[Source records]
--- START ---

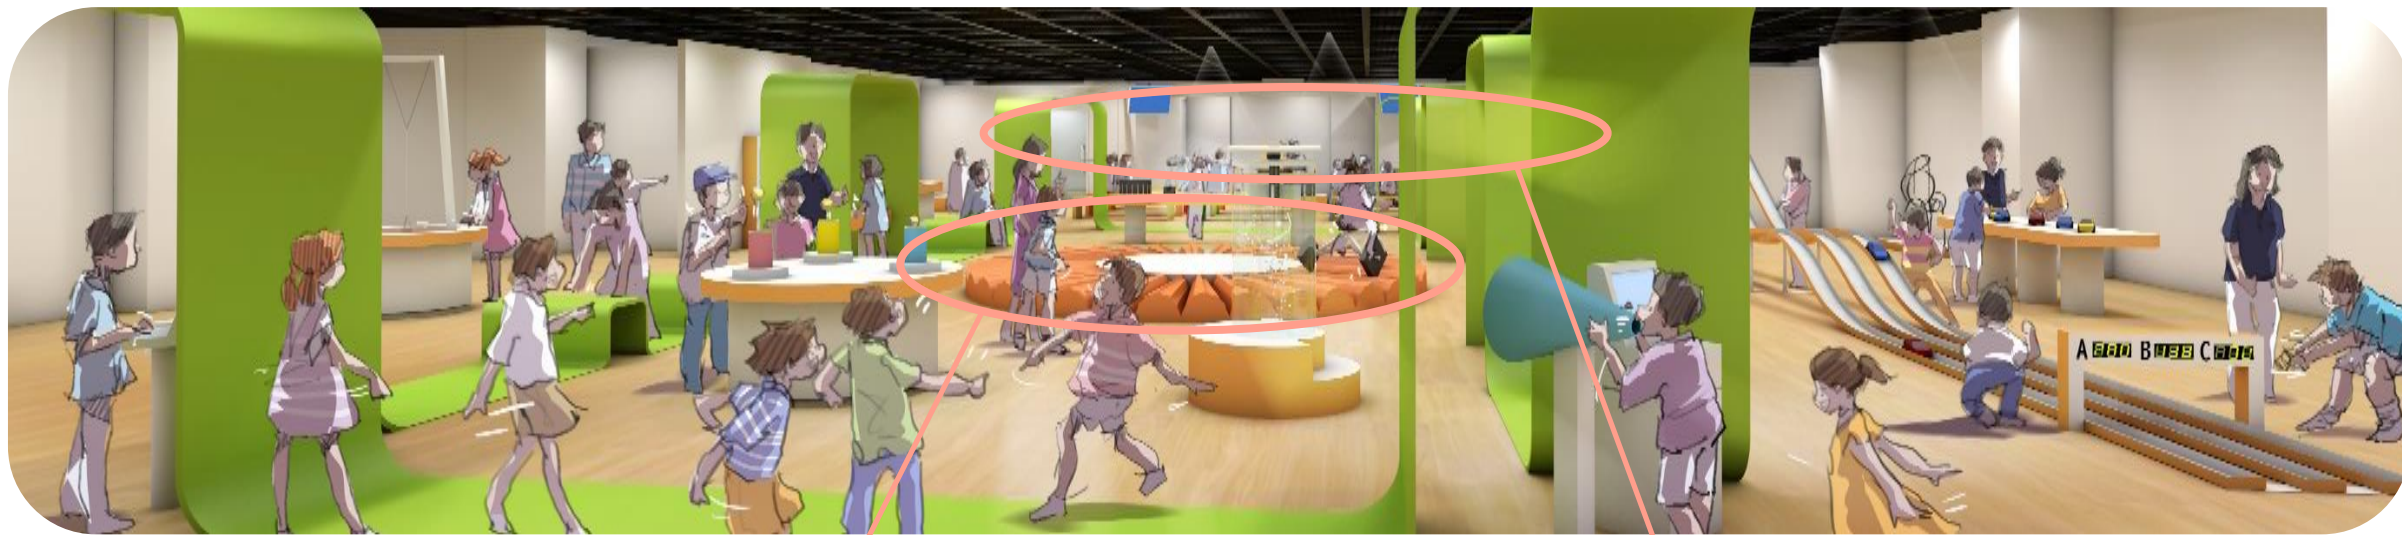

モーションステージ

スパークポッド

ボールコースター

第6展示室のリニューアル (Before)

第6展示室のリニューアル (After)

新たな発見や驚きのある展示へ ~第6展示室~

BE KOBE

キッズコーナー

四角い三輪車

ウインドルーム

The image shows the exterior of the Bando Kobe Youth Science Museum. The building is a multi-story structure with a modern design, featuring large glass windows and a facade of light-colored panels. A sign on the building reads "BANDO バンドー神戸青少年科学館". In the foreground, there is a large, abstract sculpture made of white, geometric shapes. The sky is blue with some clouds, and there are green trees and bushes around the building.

--- END ---
--- START ---

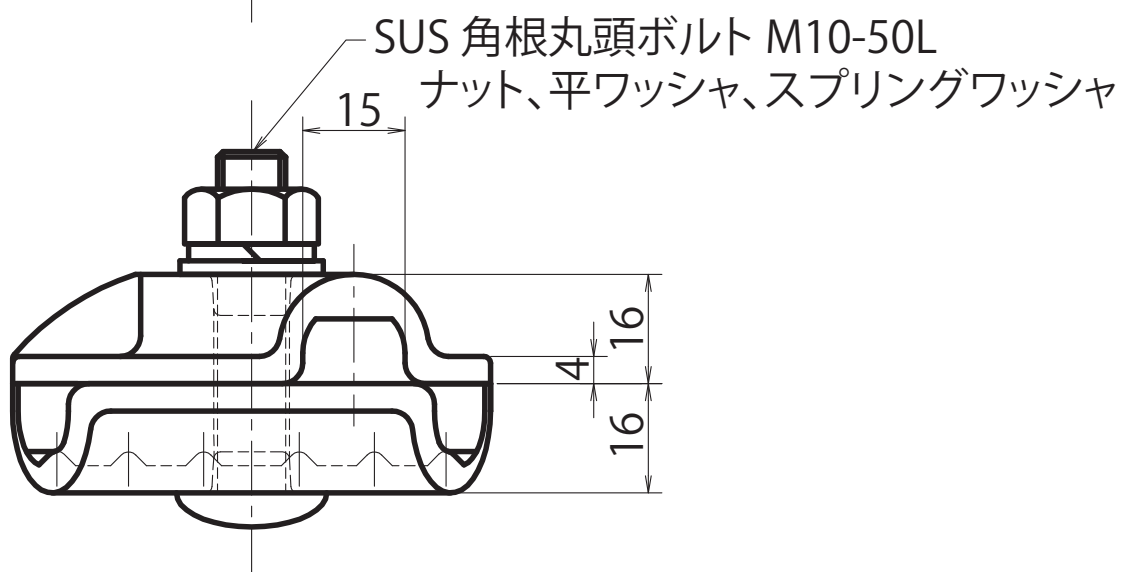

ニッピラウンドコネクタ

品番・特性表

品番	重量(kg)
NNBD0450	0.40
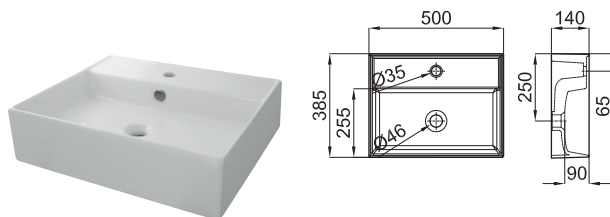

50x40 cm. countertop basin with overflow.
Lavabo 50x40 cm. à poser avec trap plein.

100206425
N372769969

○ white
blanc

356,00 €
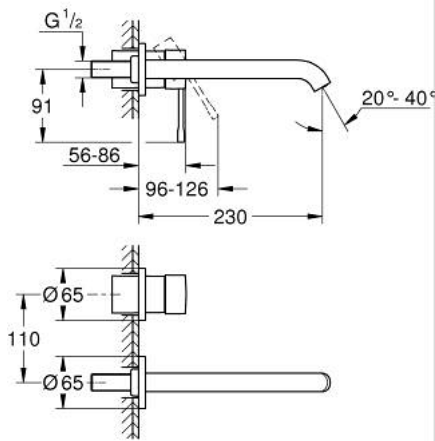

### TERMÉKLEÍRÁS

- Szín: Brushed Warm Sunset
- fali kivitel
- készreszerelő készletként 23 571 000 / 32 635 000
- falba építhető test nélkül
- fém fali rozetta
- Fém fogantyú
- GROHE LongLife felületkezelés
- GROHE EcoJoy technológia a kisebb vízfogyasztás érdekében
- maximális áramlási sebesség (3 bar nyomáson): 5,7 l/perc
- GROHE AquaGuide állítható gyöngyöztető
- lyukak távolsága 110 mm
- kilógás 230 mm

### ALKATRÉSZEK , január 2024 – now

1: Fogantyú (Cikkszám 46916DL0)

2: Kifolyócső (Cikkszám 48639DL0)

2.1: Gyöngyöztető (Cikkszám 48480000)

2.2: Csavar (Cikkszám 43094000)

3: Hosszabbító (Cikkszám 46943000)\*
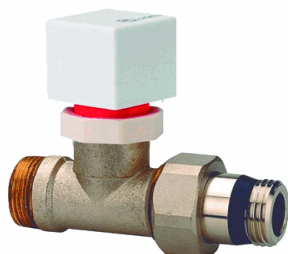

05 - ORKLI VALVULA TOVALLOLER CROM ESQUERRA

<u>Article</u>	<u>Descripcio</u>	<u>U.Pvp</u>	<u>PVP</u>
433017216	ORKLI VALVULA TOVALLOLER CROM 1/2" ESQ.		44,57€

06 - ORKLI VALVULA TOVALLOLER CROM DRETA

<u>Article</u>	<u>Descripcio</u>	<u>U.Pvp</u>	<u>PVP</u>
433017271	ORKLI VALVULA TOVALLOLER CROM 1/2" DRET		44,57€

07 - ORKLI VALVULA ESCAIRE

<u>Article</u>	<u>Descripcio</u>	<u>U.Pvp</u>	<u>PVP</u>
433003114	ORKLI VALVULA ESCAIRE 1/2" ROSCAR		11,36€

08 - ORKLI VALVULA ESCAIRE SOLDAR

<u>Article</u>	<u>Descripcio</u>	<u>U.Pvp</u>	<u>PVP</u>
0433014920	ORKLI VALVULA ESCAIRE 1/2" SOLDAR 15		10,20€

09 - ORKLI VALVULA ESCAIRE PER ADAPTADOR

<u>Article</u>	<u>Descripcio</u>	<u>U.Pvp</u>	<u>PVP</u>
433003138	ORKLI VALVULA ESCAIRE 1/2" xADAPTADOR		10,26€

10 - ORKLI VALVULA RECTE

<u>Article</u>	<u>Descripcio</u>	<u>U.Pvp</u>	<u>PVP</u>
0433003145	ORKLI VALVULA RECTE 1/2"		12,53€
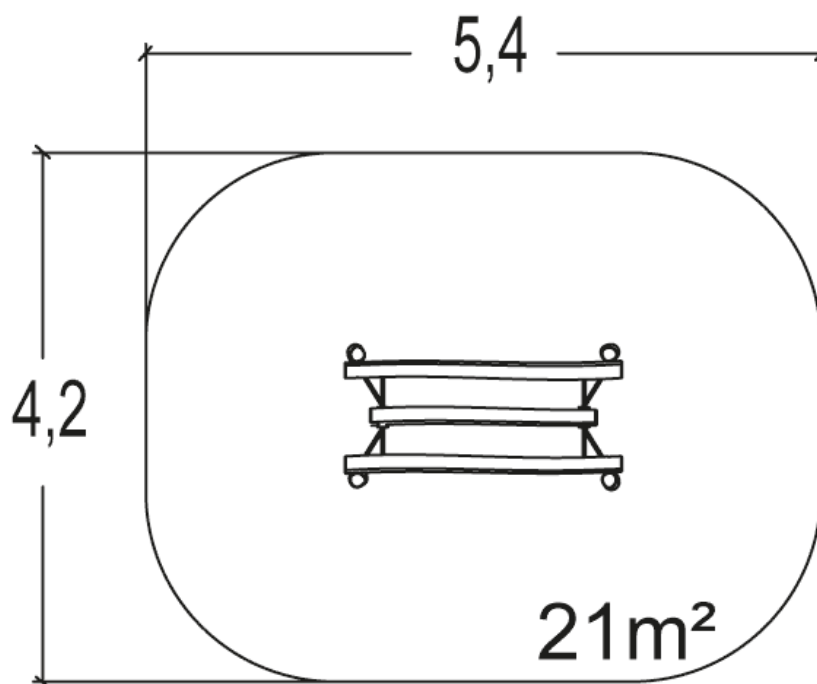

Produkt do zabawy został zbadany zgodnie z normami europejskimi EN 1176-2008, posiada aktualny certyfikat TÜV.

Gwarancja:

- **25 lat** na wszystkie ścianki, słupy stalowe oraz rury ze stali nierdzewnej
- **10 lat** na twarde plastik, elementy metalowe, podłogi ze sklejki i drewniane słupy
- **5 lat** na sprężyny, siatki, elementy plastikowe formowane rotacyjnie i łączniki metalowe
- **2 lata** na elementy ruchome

--- END ---

The answer should consist of every line above in which "GROHE" appears.

## PROBLEM SOLUTION
- GROHE LongLife felületkezelés
- GROHE EcoJoy technológia a kisebb vízfogyasztás érdekében
- GROHE AquaGuide állítható gyöngyöztető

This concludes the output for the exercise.